The matrix composition may be cured by exposure to UV before or after exposure to the swelling medium. If cured first, a "dry", cured matrix composition is obtained. If exposed to swelling medium first, a hydrophilic gel can be provided in a one-step process, as the curing step takes place in the presence of the swelling medium. In other words, the swelling medium for the hydrophilic gel is the solvent for the curing step. Suitably, step c takes place before step b.
Similarly, in the "auto-curing" method, the polymeric photoinitiator may be cured by exposure to UV before or after exposure to the swelling medium. If cured first, and exposed to swelling medium afterwards, a "dry", cured polymeric photoinitiator is obtained. If exposed to swelling medium first, a hydrophilic gel can be provided in a one-step process, as the curing step takes place in the presence of the swelling medium. In other words, the swelling medium for the hydrophilic gel is the solvent for the curing step. Suitably, step c takes place before step b. The invention also relates to a hydrophilic gel, obtainable via the methods described herein. Medical Device
One aspect of the invention provides a medical device comprising the hydrophilic gel or the gel precursor of the invention. The term "medical device" should be interpreted in a fairly broad sense. Suitable examples of medical devices (including instruments) are catheters
(such as urinary catheters), endoscopes, laryngoscopes, tubes for feeding, tubes for drainage, endotracheal tubes, guide wires, sutures, cannulas, needles, thermometers, condoms, urisheaths, barrier coatings e.g. for gloves, stents and other implants, contact lenses, extra corporeal blood conduits, membranes e.g. for dialysis, blood filters, devices for circulatory assistance, dressings for wound care, and ostomy bags. Most relevant are catheters, endoscopes, laryngoscopes, tubes for feeding, tubes for drainage, guide wires, sutures, and stents and other implants. Particularly interesting medical devices within the context of the present invention are catheters, such as urinary catheters. The medical device may be coated on at least a surface portion thereof with the hydrophilic gel or gel precursor described herein. In some embodiments, the hydrophilic gel or gel precursor covers the full (outer) surface of the medical device, and in some other
embodiments, only to a part of the surface thereof. In the most relevant embodiments, the hydrophilic gel or gel precursor covers at least a part of the surface (preferably the whole surface) of the medical device that - upon proper use - comes into direct contact with body parts for which the medical device is intended. It may be that the medical device is coated with the gel precursor, and the hydrophilic gel is generated upon contact with liquid - either the bodily fluids of the patient, or an activating solution containing water.
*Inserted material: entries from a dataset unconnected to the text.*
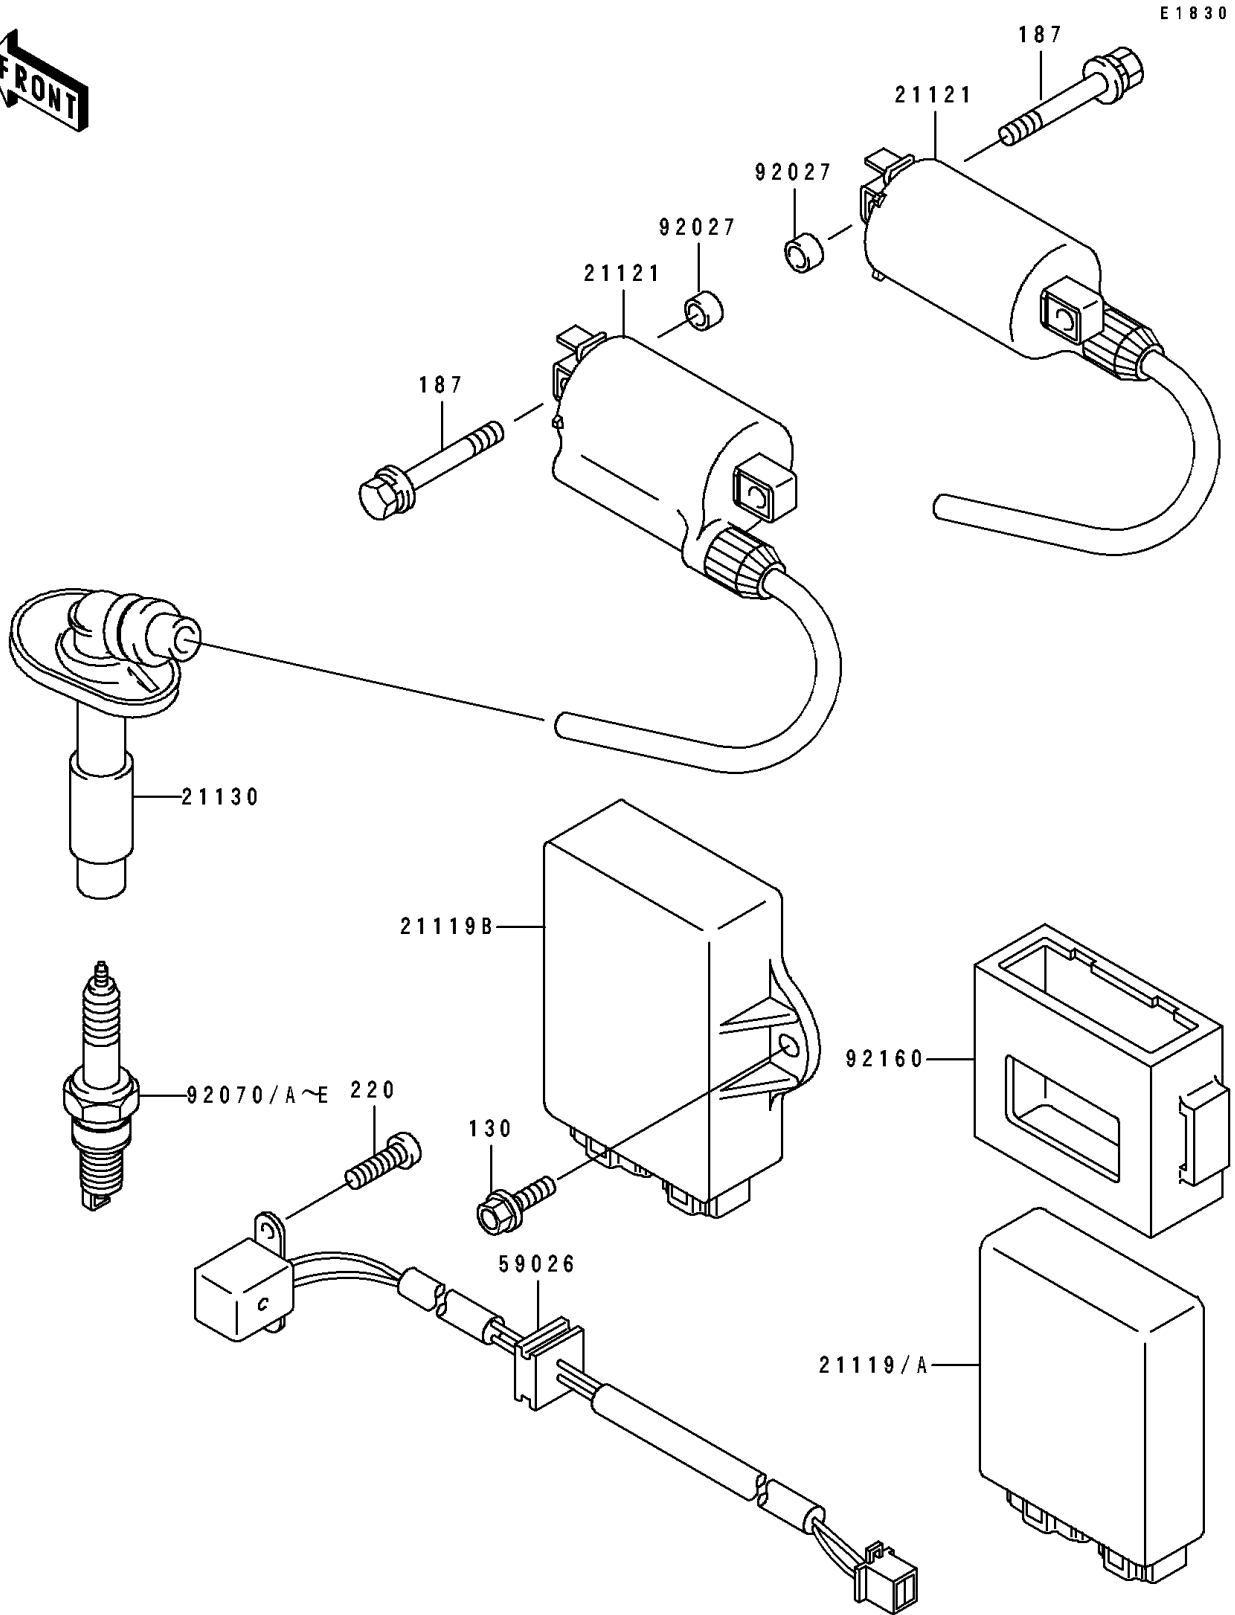

1993 Eliminator 250 PARTS DIAGRAM

Ignition System

1993 Eliminator 250 PARTS LIST

Ignition System

ITEM NAME	PART NUMBER	QUANTITY
IGNITER (Ref # 21119)	21119-1229	1
COIL-IGNITION (Ref # 21121)	21121-1163	2
CAP-SPARK PLUG (Ref # 21130)	21130-1056	2
COIL-PULSING (Ref # 59026)	59026-1086	1
COLLAR,6.8X10X6 (Ref # 92027)	92027-103	4
PLUG-SPARK,CR7HSA(NGK) (Ref # 92070A)	92070-1154	2
PLUG-SPARK,CR8HSA(NGK) (Ref # 92070B)	92070-1155	2
PLUG-SPARK,U22FSR-U(ND) (Ref # 92070C)		2
PLUG-SPARK,U24FSR-U(ND) (Ref # 92070D)		2
DAMPER,IGNITER (Ref # 92160)	92160-1181	1
BOLT-UPSET-WSP (Ref # 187)	187G0625	4
SCREW-PAN-CROS (Ref # 220)	220B0510	2

The invention also provides the use of a photoinitiator, of the general formula I as described above, in the manufacture of a hydrophilic gel or gel precursor.
EXAMPLES Example 1
Gels prepared from polystyrene derived photoinitiators and polyethylene oxide
Three different blends were made of polyethylene oxide (PEO-INF supplied from Sumitomo), benzophenone, poly-(styrene-co-phenyl-(4-vinyl-phenyl)-methanone) and pentaerythriol tetrakis(3-(3,5-di-tert-butyl-4-hydroxyphenyl)-propionate) (tradename Irganox 1010 from Ciba Speciality Chemicals) with compositions as tabulated in Table 1. These blends were made by mixing the components in a twin-screw extruder. The blends were investigated in a rheometer setup, where the melted samples were irradiated with a UV light source and their rheological properties (loss and storage modules) were followed as a function of time. Results from measurements of the samples described above are presented in Figure 3.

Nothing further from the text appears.